The paper's experiments conducted on the Phi-2 model demonstrate the efficacy of the early exit strategy. The experiment places early exit heads at regular intervals (after layers 6, 12, 18, and 24) within the 32-layer transformer model. Different configurations were tested to fine-tune the loss function and initialization strategies for early exit heads:

Low Entropy Penalty ( $\lambda$ = 0.1): Higher accuracy with slightly reduced entropy.
High Entropy Penalty ( $\lambda$ = 0.95): Balanced accuracy with significantly increased entropy.
Copied Head Initialization Without Penalty: Generates high accuracy but insufficient entropy.
Copied Head Initialization With Penalty ( $\lambda$ = 0.95): Accomplishes moderate accuracy and entropy.

The results indicate that the combination of high penalty and newly initialized heads provides a good balance of high accuracy with useful entropy levels, facilitating effective early exits without substantial loss in model performance.

Performance Impact

The paper reports that the early exit mechanism preserves the model's accuracy while offering substantial computational savings. This is evident from the results on benchmarks like MMLU, where performance remains relatively stable across varying epsilon values. However, other benchmarks (e.g., Hellaswag and Winogrande) do show performance degradation at lower epsilon values, indicating that task-specific calibration is crucial for maintaining overall efficiency gains.

The overall speedup, especially at lower epsilon levels, demonstrates the method's potential in reducing inference time significantly. By exiting early for a large proportion of tokens, computational resources are utilized more efficiently, making this approach highly beneficial for real-time language processing in resource-constrained environments.

Implications and Future Directions

The implications of this research are manifold. The practical usability of LLMs can be greatly enhanced by accelerating their inference speeds, which is particularly advantageous for applications requiring real-time processing, such as conversational AI and machine translation in mobile devices. The modular nature of the proposed enhancement ensures that it can be integrated into a wide range of pre-trained models with minimal adjustments.

Theoretical advancements are also significant. This work contributes to the broader field of model efficiency, emphasizing an approach that retains the integrity of the model’s predictions while reducing computational overhead.

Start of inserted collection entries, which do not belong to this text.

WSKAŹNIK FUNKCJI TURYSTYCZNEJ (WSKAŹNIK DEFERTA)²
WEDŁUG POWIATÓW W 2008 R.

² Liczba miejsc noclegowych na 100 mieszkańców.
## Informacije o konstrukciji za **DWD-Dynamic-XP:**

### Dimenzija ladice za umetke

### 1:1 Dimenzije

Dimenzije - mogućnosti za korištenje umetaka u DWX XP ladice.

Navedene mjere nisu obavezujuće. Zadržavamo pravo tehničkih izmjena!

This sees potential in shaping future research toward optimizing large model inferences through innovative integration techniques.

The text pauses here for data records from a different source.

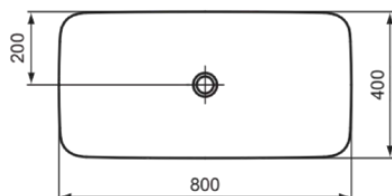

IPALYSS

E1391V1

IPALYSS | Schale 800x400x120 mm in weiß seidenmatt, ohne Hahnloch, ohne Überlauf | Diamatec, Platzsparender Waschtisch

Bild & Zeichnung

Allgemeine Informationen

Produktkategorie:	Waschtische
Produktart:	Schale
Marke:	Ideal Standard
Kollektion:	IPALYSS
Designer:	Studio Levien
Farbe:	V1 - Weiß Seidenmatt
Oberflächenveredelung:	satin
Höhe (mm):	120
Breite (mm):	800
Ausladung (mm):	400
Nettogewicht (kg):	11.30
EAN Code:	5017830542001

- [Installation Guide](#)

Produktstandards & Zertifikate

Normen:	EN 14688
Leistungserklärung (DoP):	CL00

Produktspezifikationen

Farbcode:	V1
Farbbeschreibung:	weiß seidenmatt
Diamatec Technologie:	Ja
Geschliffene Rückseite(n):	Nein
Geschliffene Unterseite:	Ja
Barrierefreies Produkt:	Nein
Mit Kettenöse:	Nein
Material:	Keramik
Materialspezifikation:	Diamatec
Anzahl von Hahnöchern je Waschbecken:	0
Anzahl von Waschbecken:	1
Sichtbarer Überlauf:	Nein
PVD Technologie:	Nein
Ablagefläche:	Ohne

IPALYSS

E1391V1

IPALYSS | Schale 800x400x120 mm in weiß seidenmatt, ohne Hahnloch, ohne Überlauf | Diamatec, Platzsparender Waschtisch

Produktspezifikationen

Oberflächenveredelung:	satin
Mit Rückwand:	Nein
Mit Verschlussstopfen:	Nein
Mit Überlauf:	Nein
Mit Siphon:	Nein
Montageart:	Aufgesetzt
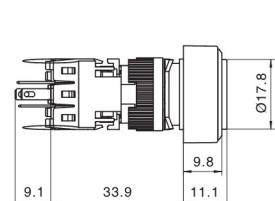

圆形钮

单刀/1Pole  
双刀/2Pole

方形钮

单刀/1Pole  
双刀/2Pole

□ 安装尺寸图 / Installation size

□ 灯珠电路图/ Contacts Circuit

适用于交直流12VDC, 24VDC, 110VAC, 220VAC系列  
for 12VDC, 24VDC, 110VAC, 220VAC

Future research could extend this approach by exploring its adaptability across larger, more complex LLMs. It could also involve refining the calibration and confidence metrics tailored to diverse application domains or identifying alternative early exit strategies that might offer further efficiency improvements.

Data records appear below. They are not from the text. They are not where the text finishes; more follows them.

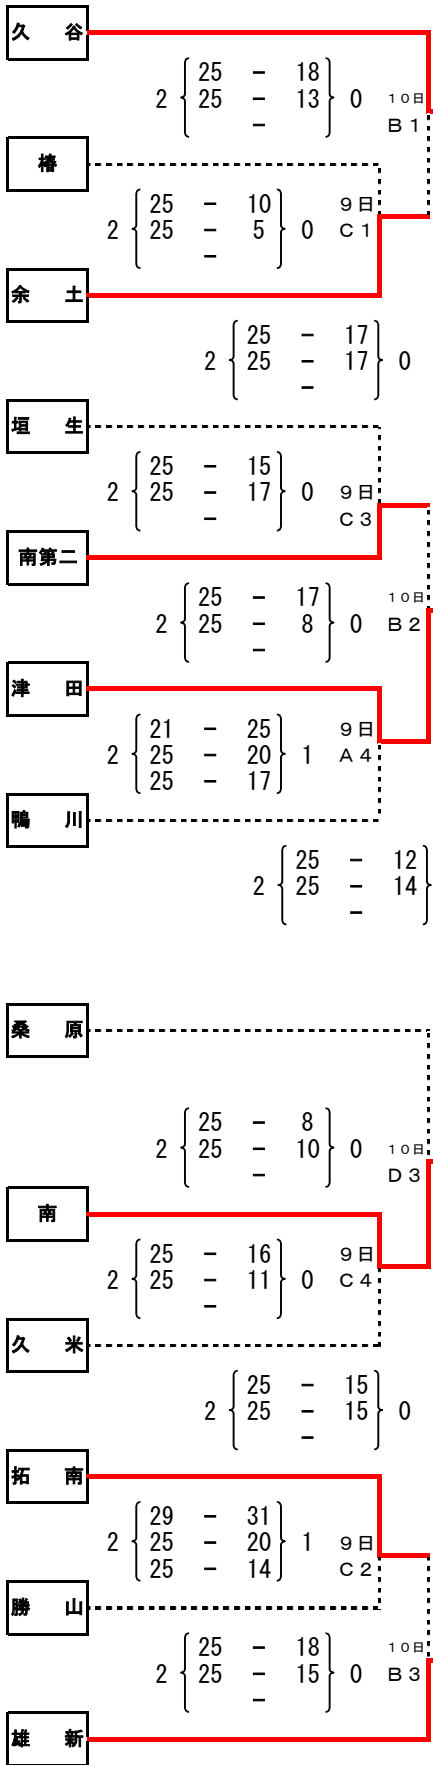

男子

女子

優勝校順位決定戦 B 4

$$2 \left\{ \begin{array}{l} 21 - 25 \\ 25 - 21 \\ 25 - 22 \end{array} \right\} 1$$

準優勝校順位決定戦 D 4

$$2 \left\{ \begin{array}{l} 25 - 20 \\ 11 - 25 \\ 25 - 17 \end{array} \right\} 1$$

優勝	松山東雲中学校
優勝	久谷中学校
準優勝	小野中学校
準優勝	雄新中学校

男子

優勝校順位決定戦

1位	雄新中学校
2位	余土中学校

県大会出場校決定戦

3位	津田中学校
4位	小野中学校

女子

優勝校順位決定戦

1位	東雲中学校
2位	久谷中学校
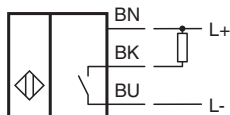

Dados técnicos

Protecção contra as inversões da polaridade		protecção contra polaridade inversa
Protecção contra curto-circuito		cíclico
Queda de tensão	U_d	$\leq 3 \text{ V}$
Corrente de funcionamento	I_L	0 ... 200 mA
Corrente residual	I_r	0 ... 0,5 mA tipo
Corrente reactiva	I_0	$\leq 17 \text{ mA}$
Indicação do estado de comutação		LED, amarelo
Conformidade de directivas e normas		
Conformidade-padrão		
Padrões		EN 60947-5-2:2007 IEC 60947-5-2:2007
Autorizações certificados		
Autorização UL		cULus Listed, General Purpose
Autorização CCC		Produtos com tensão de operação máxima de ≤ 36 não necessitam de aprovação, por este motivo não apresentam identificação CCC.
Condições ambiente		
Temperatura ambiente		-25 ... 70 °C (-13 ... 158 °F)
Dados mecânicos		
Tipo de saída		Cabo PVC , 2 m
Secção transversal do condutor		0,14 mm²
Material da caixa		PBT
Superfície frotal		PBT
Grau de protecção		IP68 / IP69K
Indicação		Apenas utilizar porcas fornecidas

Conexão

Acessórios

	BF 12	Flange de montagem, 12 mm

In conclusion, Valade et al.'s method for integrating self-supervised early exits into transformer architectures presents a promising path forward in optimizing the inference efficiency of LLMs, balancing the complex trade-offs between speed and accuracy without additional labeled data requirements. This advancement offers a significant step towards making high-performing LLMs more accessible and practical for a broader range of applications.